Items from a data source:
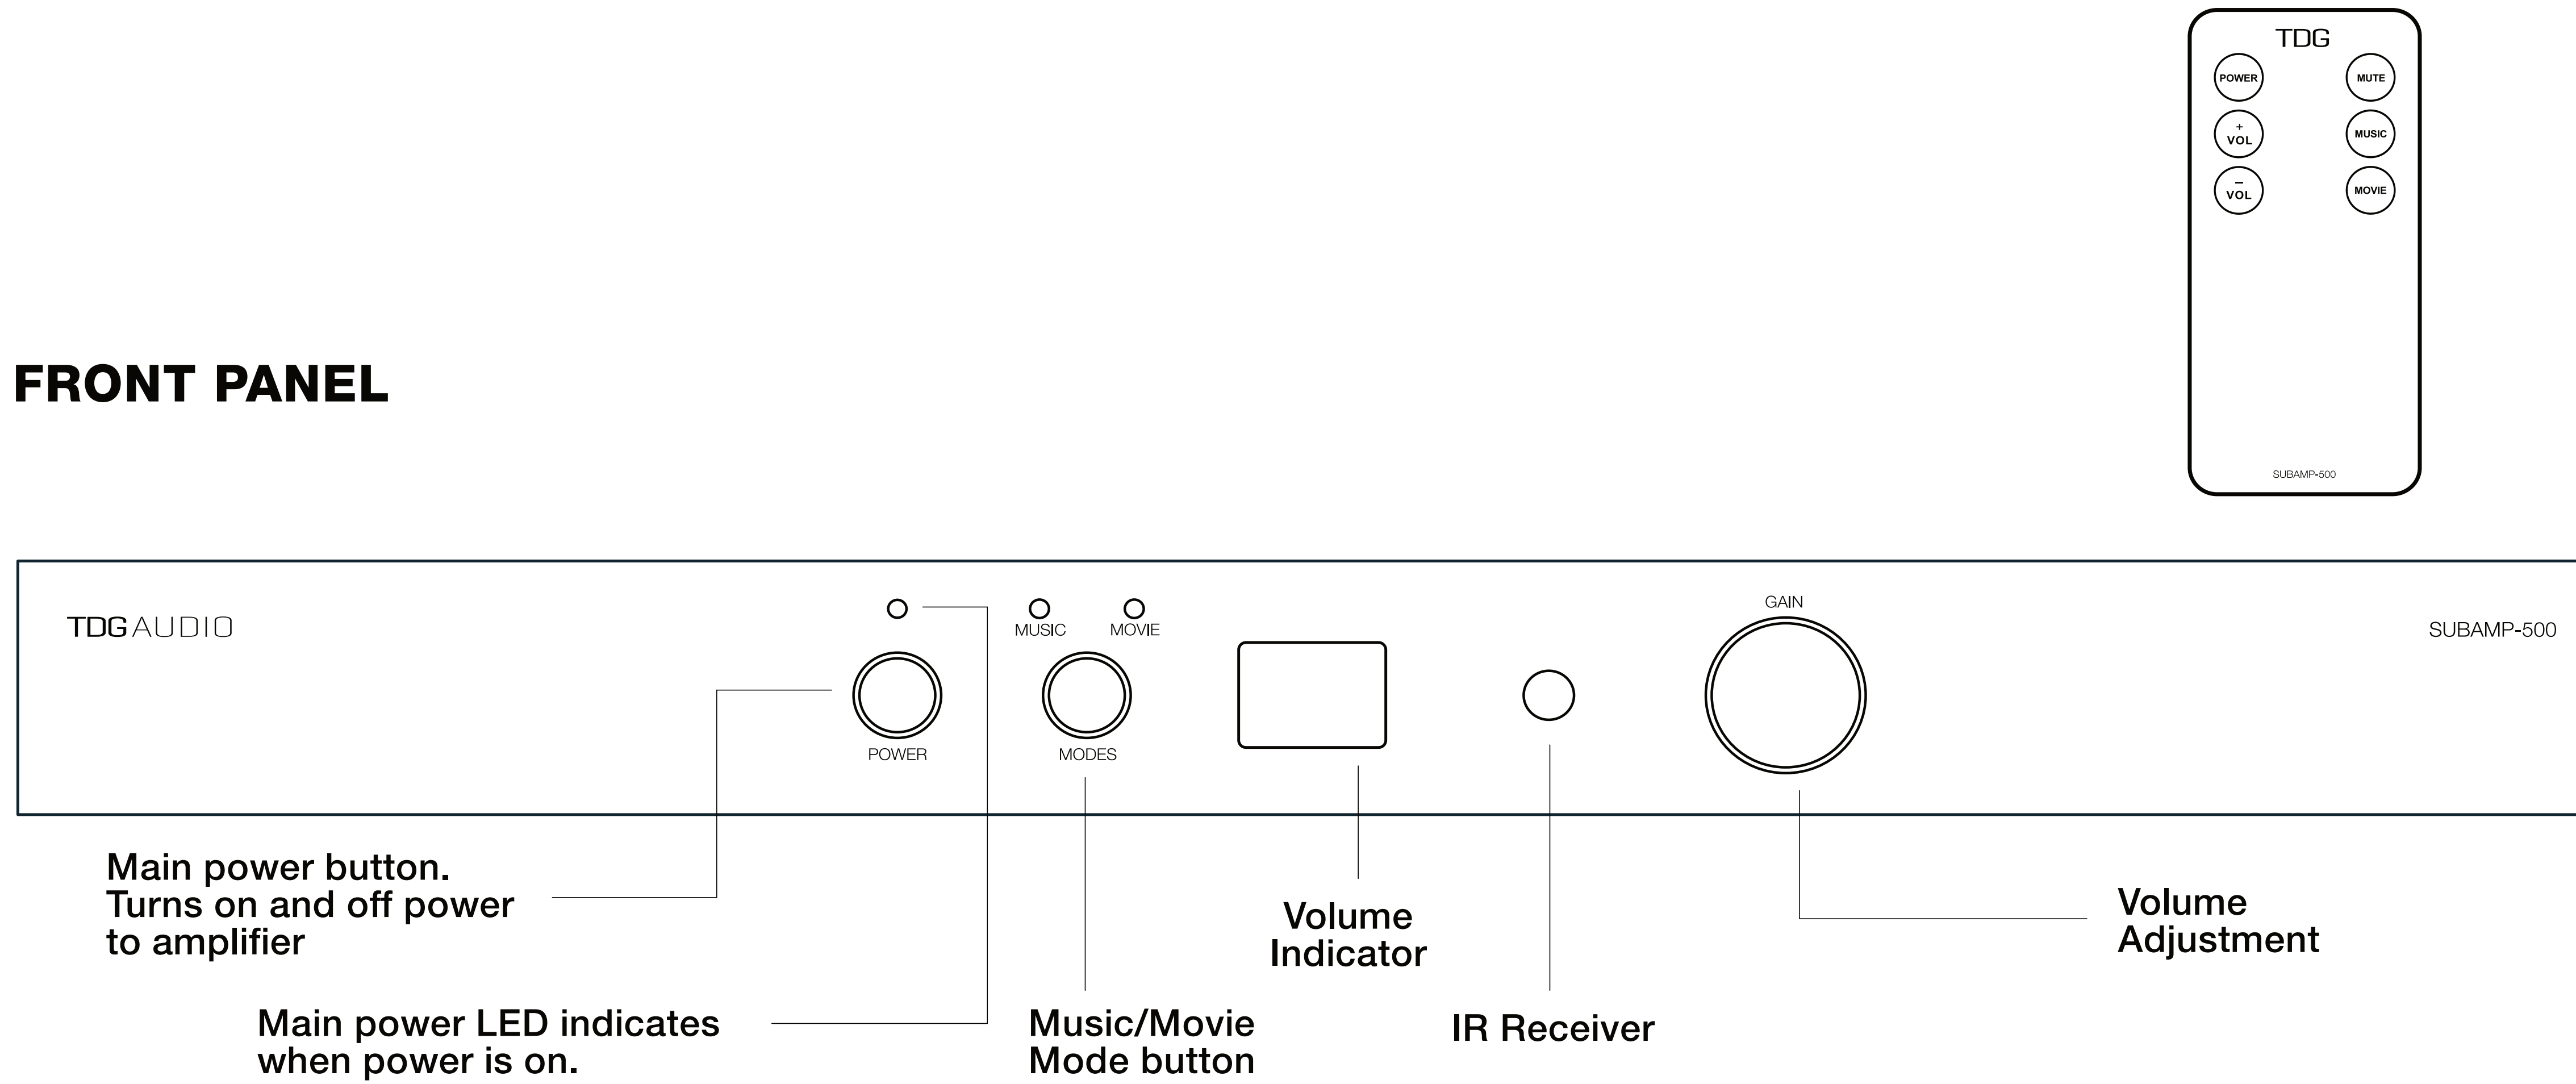

## FRONT PANEL

## REAR PANEL

SubAmp-500

SCALE: 1:1

DRAWN BY:

DRWN - PART NUMBER

REV.

SHEET: OF

RELEASED ON:
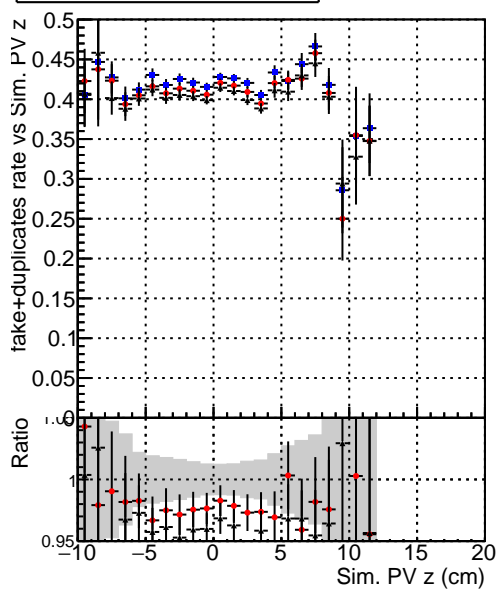

Efficiency vs vertpos**fake+duplicates vs vert r****Efficiency vs vert z****Efficiency vs. sim PV z****fake+duplicates vs Sim. PV z**

—•— DQM_mkFit_TTbarPU50_extractedGeoms_rescaleError100
—•— DQM_mkFit_TTbarPU50_extractedGeoms_rescaleError100_pTCutOverlap0p0
—•— DQM_mkFit_TTbarPU50_extractedGeoms_rescaleError100_pTCutOverlap0p0_dynamicChi2CutOverlap

### YOUR INSTRUCTIONS
Give back each entry exactly as it appears, with no pictures.

### TASK RESPONSE
## FRONT PANEL

## REAR PANEL

SubAmp-500

SCALE: 1:1

DRAWN BY:

DRWN - PART NUMBER

REV.

SHEET: OF

RELEASED ON:

Efficiency vs vertpos**fake+duplicates vs vert r****Efficiency vs vert z****Efficiency vs. sim PV z****fake+duplicates vs Sim. PV z**

—•— DQM_mkFit_TTbarPU50_extractedGeoms_rescaleError100
—•— DQM_mkFit_TTbarPU50_extractedGeoms_rescaleError100_pTCutOverlap0p0
—•— DQM_mkFit_TTbarPU50_extractedGeoms_rescaleError100_pTCutOverlap0p0_dynamicChi2CutOverlap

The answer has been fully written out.